### TASK:
Exact copies of the lines below are the goal; any images in them are dropped.
*****
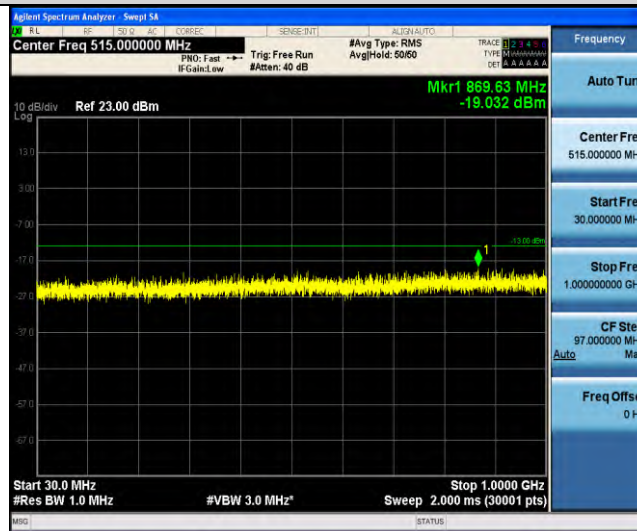

Band66-Stand-Alone-NaN-QPSK-132322-1 @0-3.75kHz-0.15-30-0.15~30MHz @-51.64dBm--33-PASS

Band66-Stand-Alone-NaN-QPSK-132322-1 @0-3.75kHz-30-1000-30~1000MHz @-19.03dBm--13-PASS
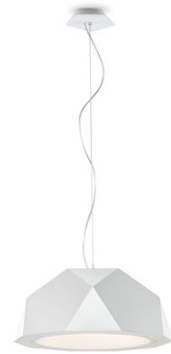

CRIO

**D81A0101**

Gio Minelli

## Description

Pendant lamp with mat white painted aluminium. Diffuser in opaline PMMA.

## Description

Pendant lamp with aluminium cover, coupled with dark natural wood foil. Diffuser in opaline PMMA.
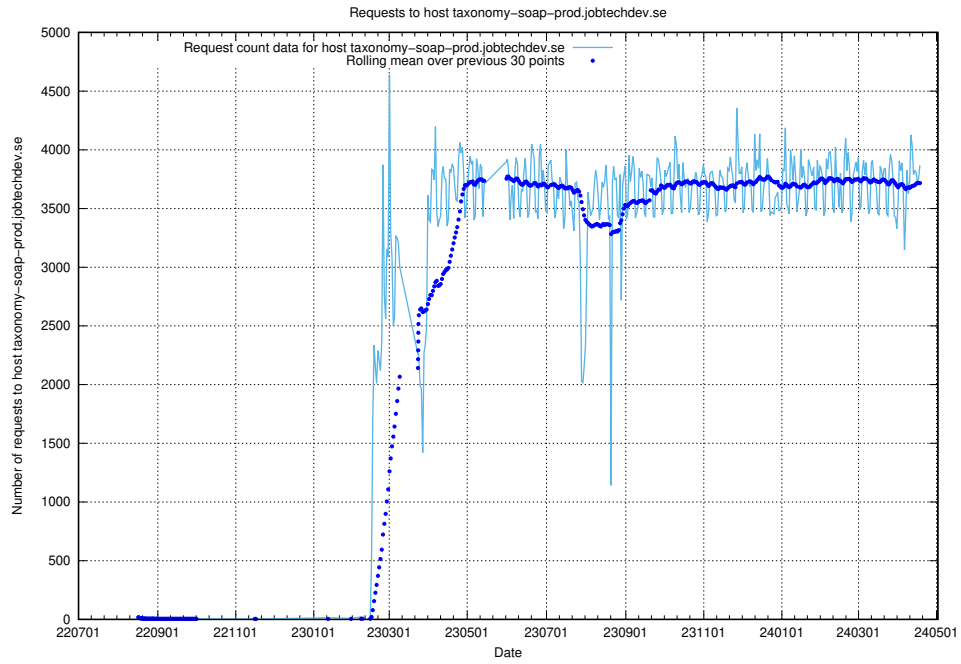

7.14 Usage of taxonomy-soap-prod.jobtechdev.se

Here, we count the number of requests to host taxonomy-soap-prod.jobtechdev.se.
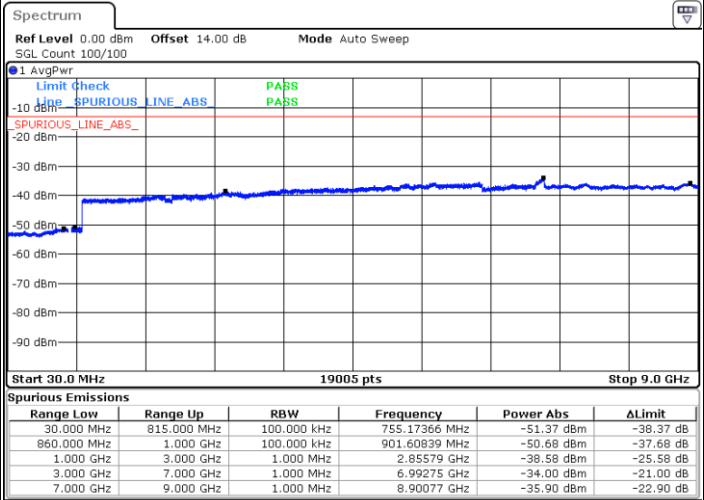

LTE Band 5 / 1.4MHz

Highest Channel / QPSK

Date: 5 JUN.2018 04:45:20

Highest Channel / 16QAM

Date: 5 JUN.2018 04:46:16

LTE Band 5 / 3MHz

Lowest Channel / QPSK

Date: 5 JUN.2018 04:54:28

Lowest Channel / 16QAM

Date: 5 JUN.2018 04:55:24

LTE Band 5 / 3MHz

Middle Channel / QPSK

Middle Channel / 16QAM

Date: 5 JUN. 2018 04:57:00

Date: 5 JUN. 2018 04:57:55

Highest Channel / QPSK

Highest Channel / 16QAM

Date: 5 JUN. 2018 05:06:07

Date: 5 JUN. 2018 05:07:03

LTE Band 5 / 5MHz

Lowest Channel / QPSK

Lowest Channel / 16QAM

Date: 5 JUN.2018 05:15:15

Date: 5 JUN.2018 05:16:11
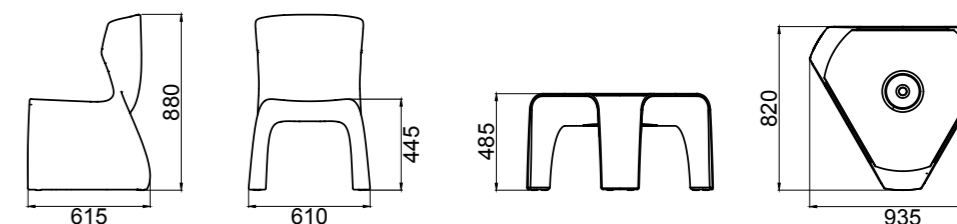

### ANGELICA chair & ORLANDO coffee table

polietilene riciclabile | recyclable polyethylene

Coffee Table COD. BOBF047 | Chair COD. BOBF025

INGOMBRO (mm) / OVERALL DIMENSION (mm):  
ANGELICA: H 880 X 615 X 610 | ORLANDO: H 485 X 820 X 935
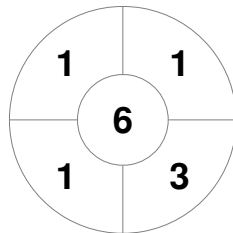

Hero Hockey World League Semi-Final (Men)
15 - 25 Jun 2017
London (ENG)

Match Statistics

Match #	Date	Time	Pool / Class	Pitch
19	20 Jun 2017	18:00	Pool A	

China

Full Time	1 - 5
Third Period	1 - 4
Half-time	0 - 4
First Period	0 - 2

Malaysia

Penalty Corners

CHN

MAS

Circle Entries

CHN

MAS

Shots
*****
### RESPONSE TO THIS TASK:
Band66-Stand-Alone-NaN-QPSK-132322-1 @0-3.75kHz-0.15-30-0.15~30MHz @-51.64dBm--33-PASS

Band66-Stand-Alone-NaN-QPSK-132322-1 @0-3.75kHz-30-1000-30~1000MHz @-19.03dBm--13-PASS

CRIO

**D81A0101**

Gio Minelli

## Description

Pendant lamp with mat white painted aluminium. Diffuser in opaline PMMA.

## Description

Pendant lamp with aluminium cover, coupled with dark natural wood foil. Diffuser in opaline PMMA.

7.14 Usage of taxonomy-soap-prod.jobtechdev.se

Here, we count the number of requests to host taxonomy-soap-prod.jobtechdev.se.

LTE Band 5 / 1.4MHz

Highest Channel / QPSK

Date: 5 JUN.2018 04:45:20

Highest Channel / 16QAM

Date: 5 JUN.2018 04:46:16

LTE Band 5 / 3MHz

Lowest Channel / QPSK

Date: 5 JUN.2018 04:54:28

Lowest Channel / 16QAM

Date: 5 JUN.2018 04:55:24

LTE Band 5 / 3MHz

Middle Channel / QPSK

Middle Channel / 16QAM

Date: 5 JUN. 2018 04:57:00

Date: 5 JUN. 2018 04:57:55

Highest Channel / QPSK

Highest Channel / 16QAM

Date: 5 JUN. 2018 05:06:07

Date: 5 JUN. 2018 05:07:03

LTE Band 5 / 5MHz

Lowest Channel / QPSK

Lowest Channel / 16QAM

Date: 5 JUN.2018 05:15:15

Date: 5 JUN.2018 05:16:11

### ANGELICA chair & ORLANDO coffee table

polietilene riciclabile | recyclable polyethylene

Coffee Table COD. BOBF047 | Chair COD. BOBF025

INGOMBRO (mm) / OVERALL DIMENSION (mm):  
ANGELICA: H 880 X 615 X 610 | ORLANDO: H 485 X 820 X 935

Hero Hockey World League Semi-Final (Men)
15 - 25 Jun 2017
London (ENG)

Match Statistics

Match #	Date	Time	Pool / Class	Pitch
19	20 Jun 2017	18:00	Pool A	

China

Full Time	1 - 5
Third Period	1 - 4
Half-time	0 - 4
First Period	0 - 2

Malaysia

Penalty Corners

CHN

MAS

Circle Entries

CHN

MAS

Shots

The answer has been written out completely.